** Activity **
For this exercise, print the listing below exactly, without its pictures.

** Extracted data **

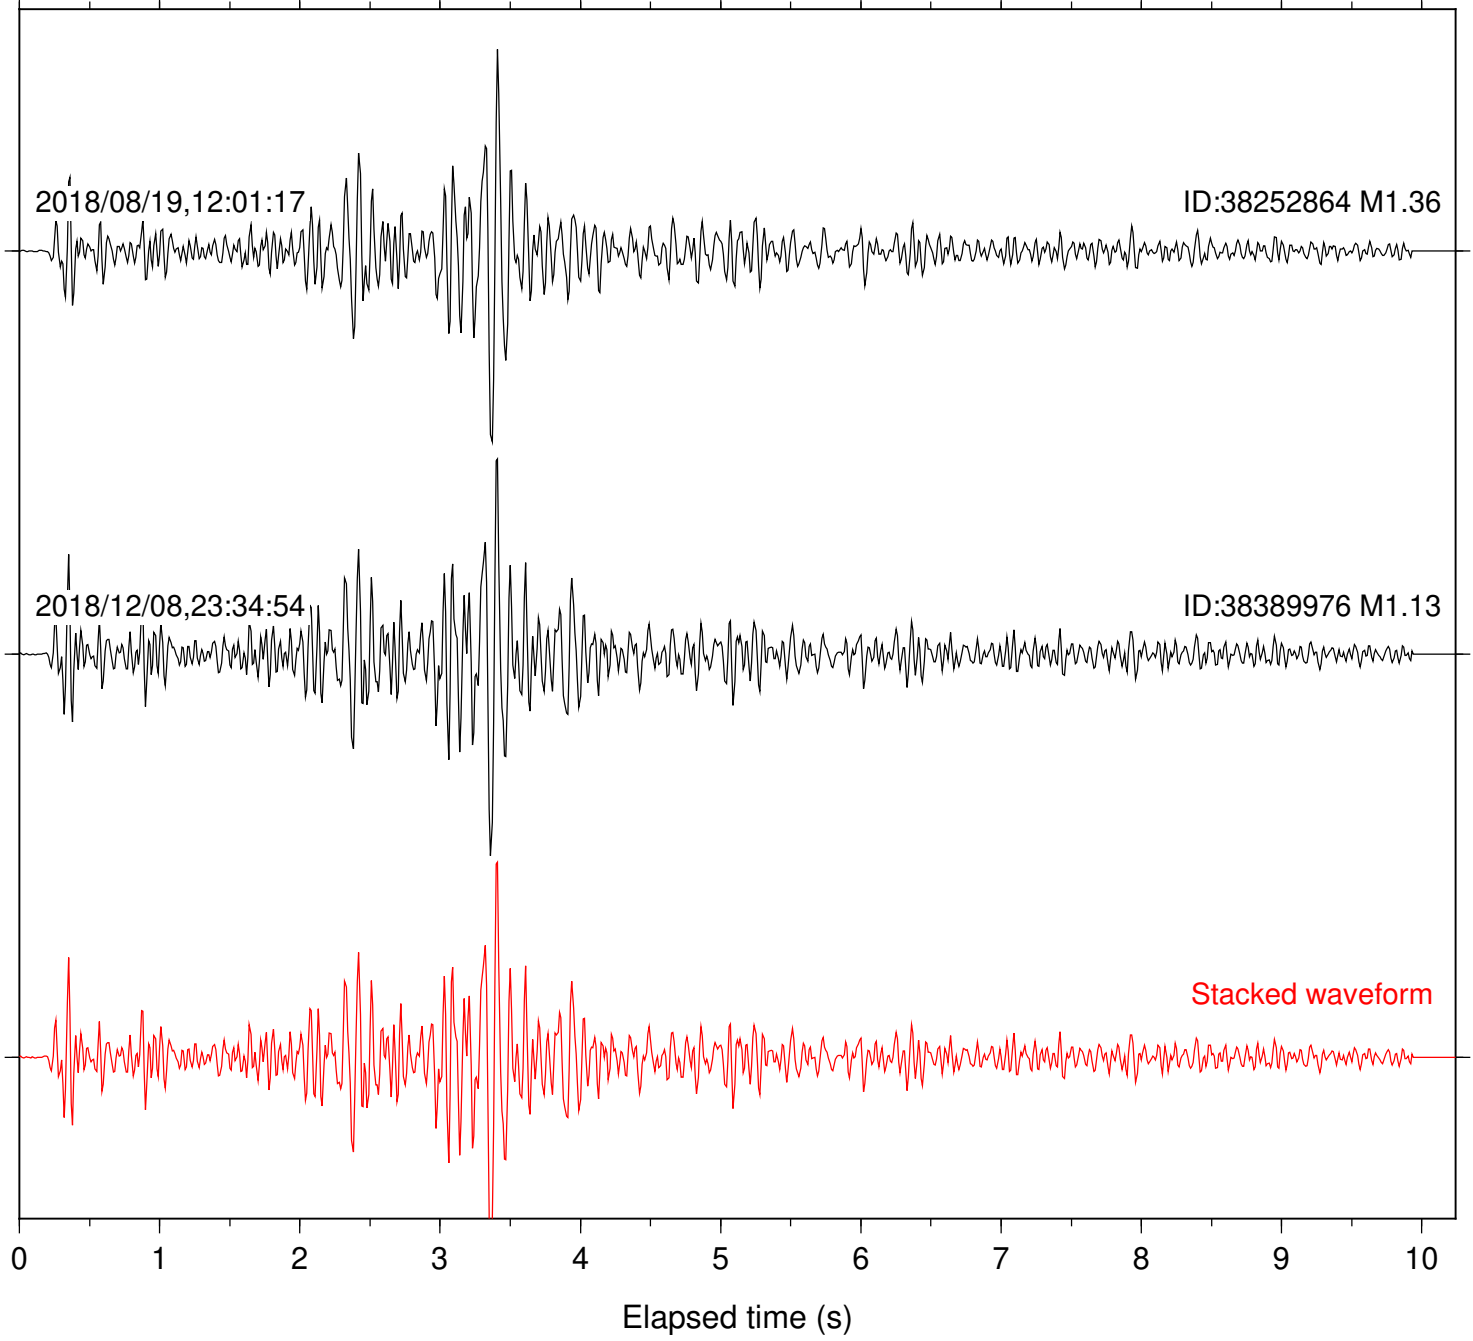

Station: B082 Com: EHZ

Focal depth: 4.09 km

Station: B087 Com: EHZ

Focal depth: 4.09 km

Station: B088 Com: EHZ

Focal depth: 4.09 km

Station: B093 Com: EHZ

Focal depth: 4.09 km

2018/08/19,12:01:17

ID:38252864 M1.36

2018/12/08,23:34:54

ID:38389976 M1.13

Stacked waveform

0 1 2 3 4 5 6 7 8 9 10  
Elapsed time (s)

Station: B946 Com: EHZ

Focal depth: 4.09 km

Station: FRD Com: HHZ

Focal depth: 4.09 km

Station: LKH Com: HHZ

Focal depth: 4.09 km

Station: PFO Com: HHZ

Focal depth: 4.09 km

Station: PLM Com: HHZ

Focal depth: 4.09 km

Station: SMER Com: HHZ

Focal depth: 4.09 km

** Completed task **
Station: B082 Com: EHZ

Focal depth: 4.09 km

Station: B087 Com: EHZ

Focal depth: 4.09 km

Station: B088 Com: EHZ

Focal depth: 4.09 km

Station: B093 Com: EHZ

Focal depth: 4.09 km

2018/08/19,12:01:17

ID:38252864 M1.36

2018/12/08,23:34:54

ID:38389976 M1.13

Stacked waveform

0 1 2 3 4 5 6 7 8 9 10  
Elapsed time (s)

Station: B946 Com: EHZ

Focal depth: 4.09 km

Station: FRD Com: HHZ

Focal depth: 4.09 km

Station: LKH Com: HHZ

Focal depth: 4.09 km

Station: PFO Com: HHZ

Focal depth: 4.09 km

Station: PLM Com: HHZ

Focal depth: 4.09 km

Station: SMER Com: HHZ

Focal depth: 4.09 km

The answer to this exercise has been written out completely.